# ASSIGNED TASK
Treat the line containing "第1位 番沢伊吹②(八戸)" as the first line of the answer and the last line of the data as its final line, reproducing every line between exactly.
Top of RECORDED DATA
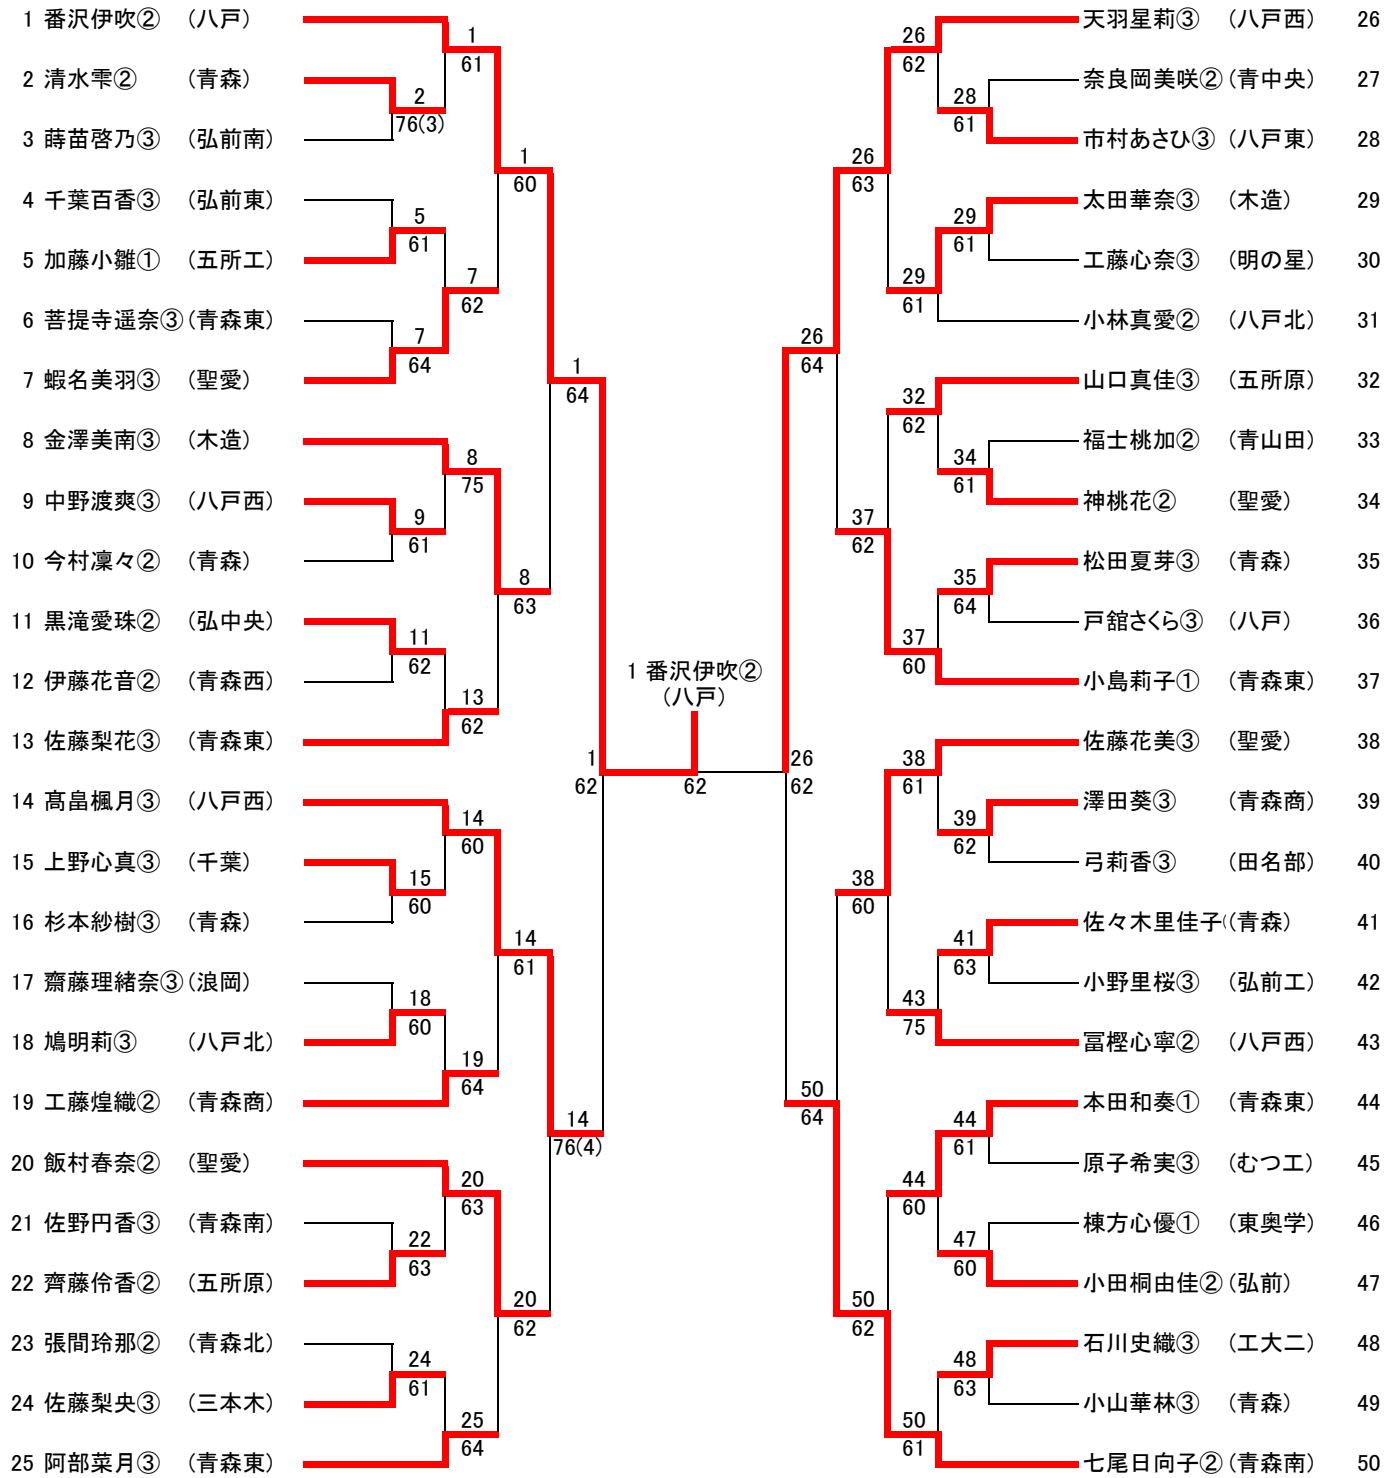

令和3年度第74回青森県高等学校総合体育大会テニス競技

令和3年 6月4日(金)～ 6月7日(月)

弘前市 岩木山総合公園テニスコート

女子シングルス

第1位 番沢伊吹②(八戸)

第2位 天羽星莉③(八戸西)

第3位 七尾日向子②(青森南)

第3位 高島楓月③(八戸西)

第2代表決定戦

3位決定戦

14 高島楓月③ (八戸西)

50 七尾日向子②(青森南)
Bottom of RECORDED DATA
# WORKED SOLUTION
第1位 番沢伊吹②(八戸)

第2位 天羽星莉③(八戸西)

第3位 七尾日向子②(青森南)

第3位 高島楓月③(八戸西)

第2代表決定戦

3位決定戦

14 高島楓月③ (八戸西)

50 七尾日向子②(青森南)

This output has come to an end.